Supplied data section start

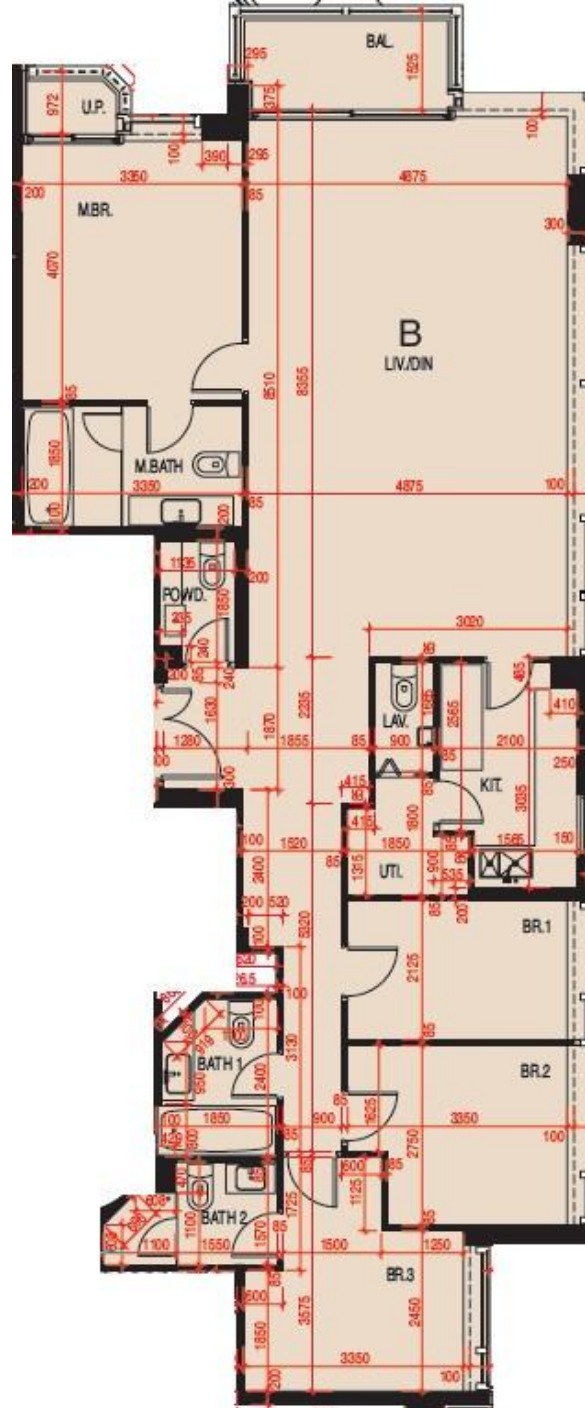

維港頌 Harbour Glory
 1座7樓B室-單位平面圖
 實用面積:1595呎
 工作平台:16呎
 露台: 55呎

*本單位平面圖只作參考及內部使用。
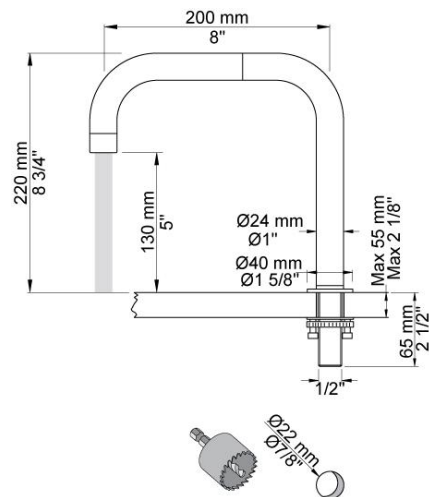

--

Datum:
Klant:
Project:

PSB Singapore

SC5

Monoknop mengkraan 2500 met dubbeldraaibare uitloop 090D, sprong 200 mm.

Doorstroom

	Bar:	1,0	2,0	3,0	4,0	5,0
SC5	(l/min)	10,4	14,7	18,0	20,8	23,2

Beschikbaar in de kleuren

090D

Dubbeldraaibare uitloop met waterbesparende mousseur, Ø24 mm, hoogte 220 mm, sprong 200 mm.
Kraangat, uitloop: 22 mm.

2500

Monoknop bladmengkraan met keramisch cartouche voor hoger debiet.
Kraangat: 42 mm.
Aansluiting: 10 mm (flexibele slangen).
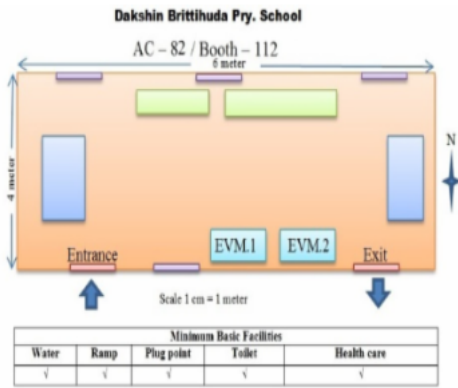

নির্বাচক নিবন্ধন আধিকারিকের স্বাক্ষর

Nazri Naksha

Google Map View

Dakshin Brittihuda Pry. School
AC_82 Booth No.-112

Polling Station Building Front View

Polling Station Front View

Cad View

Key MAP View
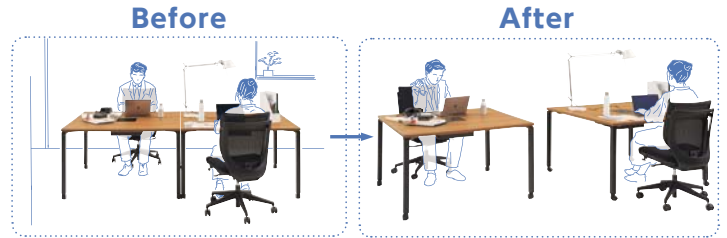

Move Up

可動タイプのデスクで対面のフリーアドレスから簡単にレイアウトチェンジ

一般的にフリーアドレスは対面席になるように配置されますが、感染対策の観点から考えると、レイアウトの見直しも必要です。可動タイプのデスクを選べば、必要に応じて簡単に動かすことができ、適切なポジションと距離感を保ったレイアウトへ簡単に変更できます。

独立して使用する場合は脚を天板の四隅に、連結して使用する場合は片側の脚を中間に取り付けることができます。(D1200以上のみ)

配線ユニットカバーは外側からでも内側からでも開けることができます。

簡易連結パーツ

Elect -Move Up- グリーン購入法適合 おすすめ

コンセント(3口)
AC×3、コード2m

シングルモニターアーム
無段階で高さ調整/
首振り角度調整が可能。
支柱高さ:385mm
VESA規格:75×75/100×100
耐荷重:10kg

ワイヤレス充電器
(天板埋め込み)
Qi (チー) 規格準拠品
端末を充電する際はケースなどを外した状態で使用してください。

スクリーンパネル
飛沫を抑えながら対面でのコミュニケーションを可能にする大型透明パネル。
簡易的な飛沫防止パネルに比べて剛性も高く、デスクと一体のため転倒の心配もありません。

*モニターは別売になります。

- 木口:樹脂エッジ
- 脚部:アルミ 合成樹脂焼付塗装
- フレーム/配線受け:
スチール 合成樹脂焼付塗装
- 配線ユニットカバー:プラスチック成形品
- キャスター(キャスタータイプ):
リフトロックキャスター(C)
- アジャスター(アジャスタータイプ):
プラスチックアジャスター(A)
- 脚部カラー:マットブラック(MB)、
マットホワイト(MW)
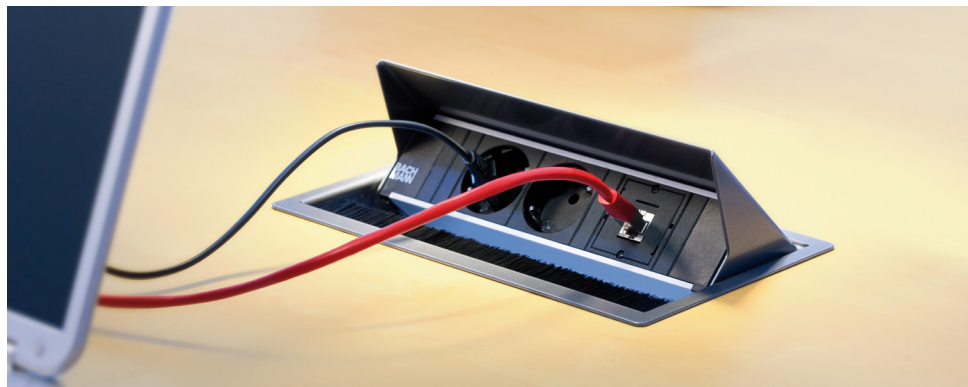

CONI con cubierta en color aluminio (RAL 9006), blanco (RAL 9010), antracita (RAL 7016) o negro (RAL 9005). Disponible en 3 tamaños: small (25,5 cm), medium (29,1 cm) y large (38,7 cm). Todos los Coni incluyen de serie 1 cable de corriente de 2 metros.
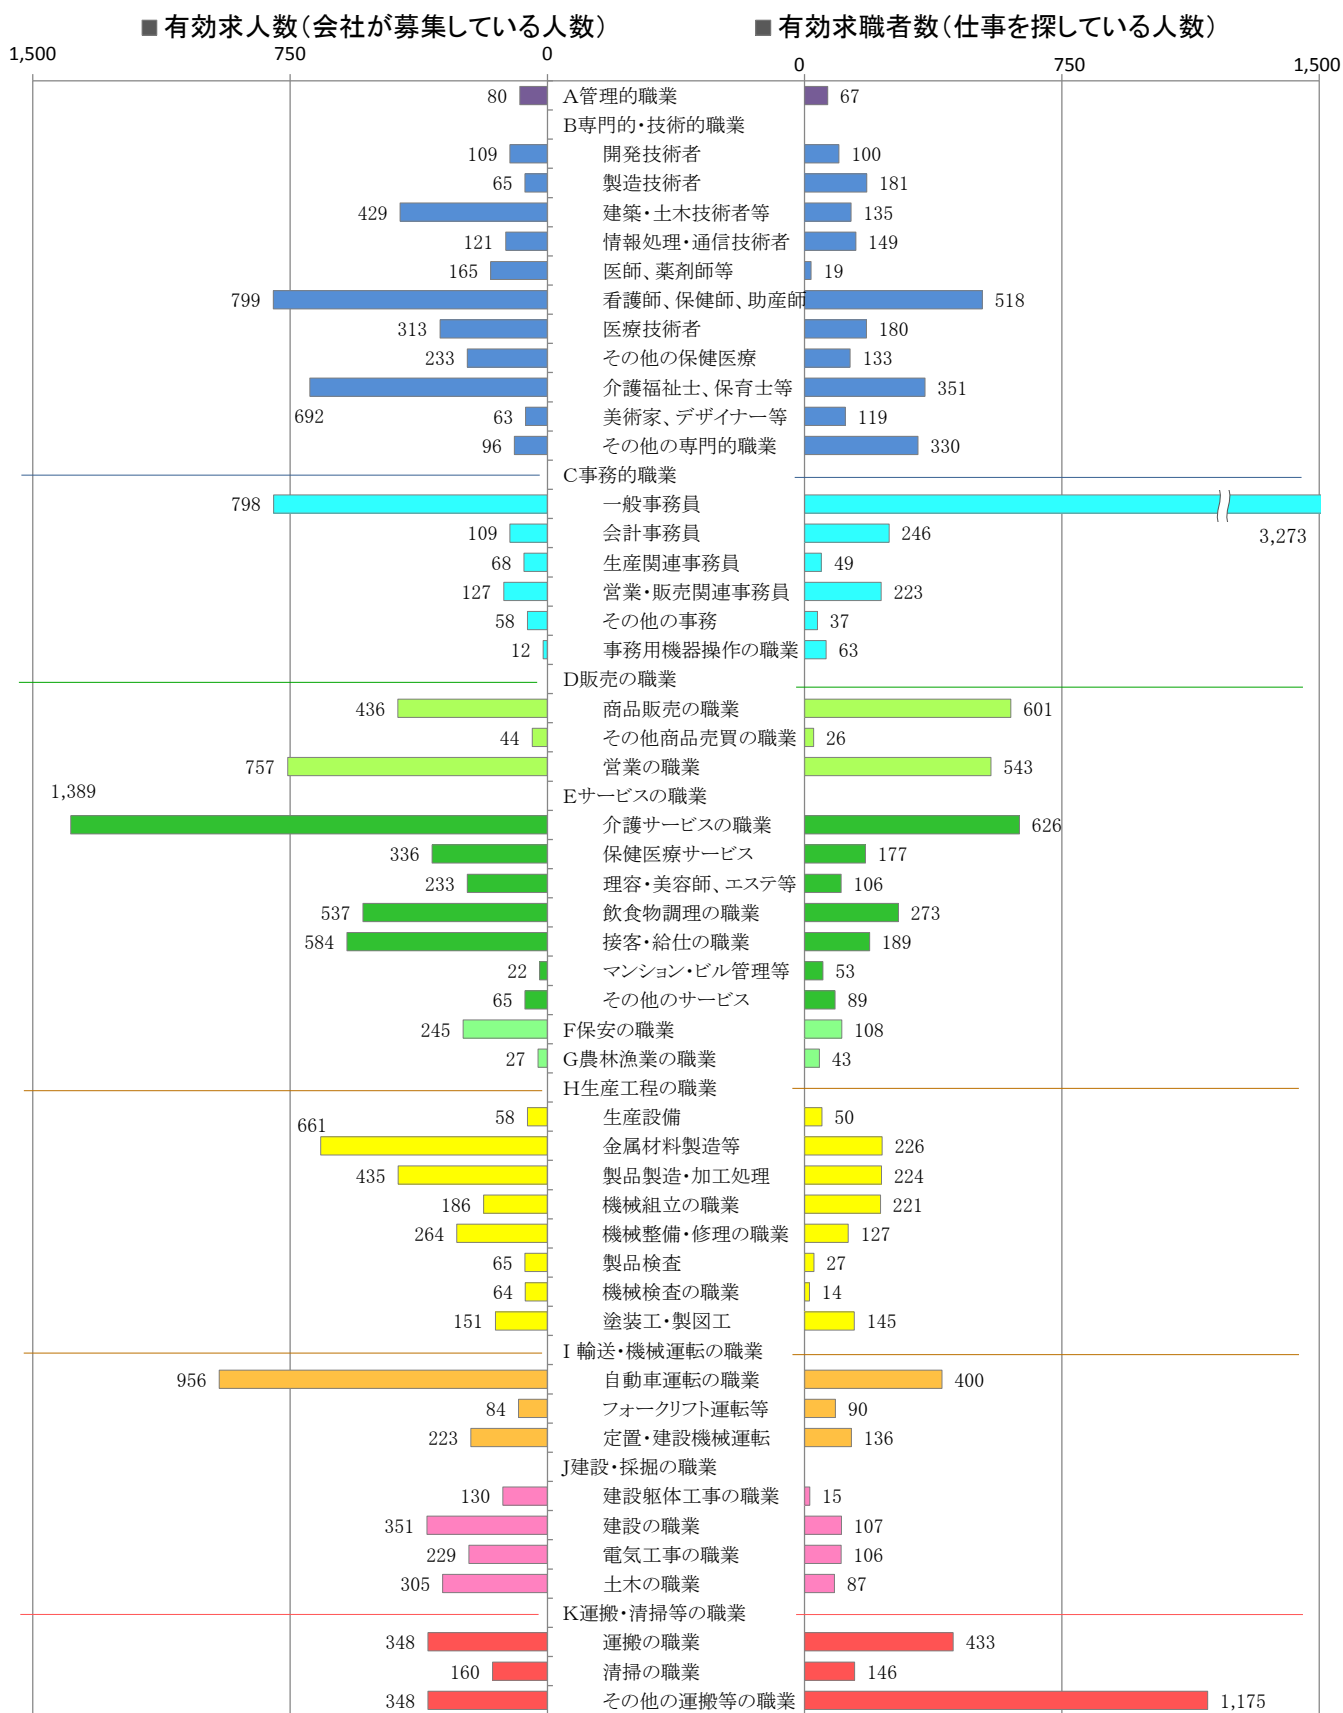

〈北九州地域：バランスシート〉  
職業別：有効求人・求職状況(常用・フルタイム)

平成29年4月

※1 ハローワーク小倉、八幡、行橋の合計数

Supplied data section end

**Work task**
Would you please print the entries once more, word for word, minus the pictures?

**The answer**
維港頌 Harbour Glory
 1座7樓B室-單位平面圖
 實用面積:1595呎
 工作平台:16呎
 露台: 55呎

*本單位平面圖只作參考及內部使用。

--

Datum:
Klant:
Project:

PSB Singapore

SC5

Monoknop mengkraan 2500 met dubbeldraaibare uitloop 090D, sprong 200 mm.

Doorstroom

	Bar:	1,0	2,0	3,0	4,0	5,0
SC5	(l/min)	10,4	14,7	18,0	20,8	23,2

Beschikbaar in de kleuren

090D

Dubbeldraaibare uitloop met waterbesparende mousseur, Ø24 mm, hoogte 220 mm, sprong 200 mm.
Kraangat, uitloop: 22 mm.

2500

Monoknop bladmengkraan met keramisch cartouche voor hoger debiet.
Kraangat: 42 mm.
Aansluiting: 10 mm (flexibele slangen).

নির্বাচক নিবন্ধন আধিকারিকের স্বাক্ষর

Nazri Naksha

Google Map View

Dakshin Brittihuda Pry. School
AC_82 Booth No.-112

Polling Station Building Front View

Polling Station Front View

Cad View

Key MAP View

Move Up

可動タイプのデスクで対面のフリーアドレスから簡単にレイアウトチェンジ

一般的にフリーアドレスは対面席になるように配置されますが、感染対策の観点から考えると、レイアウトの見直しも必要です。可動タイプのデスクを選べば、必要に応じて簡単に動かすことができ、適切なポジションと距離感を保ったレイアウトへ簡単に変更できます。

独立して使用する場合は脚を天板の四隅に、連結して使用する場合は片側の脚を中間に取り付けることができます。(D1200以上のみ)

配線ユニットカバーは外側からでも内側からでも開けることができます。

簡易連結パーツ

Elect -Move Up- グリーン購入法適合 おすすめ

コンセント(3口)
AC×3、コード2m

シングルモニターアーム
無段階で高さ調整/
首振り角度調整が可能。
支柱高さ:385mm
VESA規格:75×75/100×100
耐荷重:10kg

ワイヤレス充電器
(天板埋め込み)
Qi (チー) 規格準拠品
端末を充電する際はケースなどを外した状態で使用してください。

スクリーンパネル
飛沫を抑えながら対面でのコミュニケーションを可能にする大型透明パネル。
簡易的な飛沫防止パネルに比べて剛性も高く、デスクと一体のため転倒の心配もありません。

*モニターは別売になります。

- 木口:樹脂エッジ
- 脚部:アルミ 合成樹脂焼付塗装
- フレーム/配線受け:
スチール 合成樹脂焼付塗装
- 配線ユニットカバー:プラスチック成形品
- キャスター(キャスタータイプ):
リフトロックキャスター(C)
- アジャスター(アジャスタータイプ):
プラスチックアジャスター(A)
- 脚部カラー:マットブラック(MB)、
マットホワイト(MW)

CONI con cubierta en color aluminio (RAL 9006), blanco (RAL 9010), antracita (RAL 7016) o negro (RAL 9005). Disponible en 3 tamaños: small (25,5 cm), medium (29,1 cm) y large (38,7 cm). Todos los Coni incluyen de serie 1 cable de corriente de 2 metros.

〈北九州地域：バランスシート〉  
職業別：有効求人・求職状況(常用・フルタイム)

平成29年4月

※1 ハローワーク小倉、八幡、行橋の合計数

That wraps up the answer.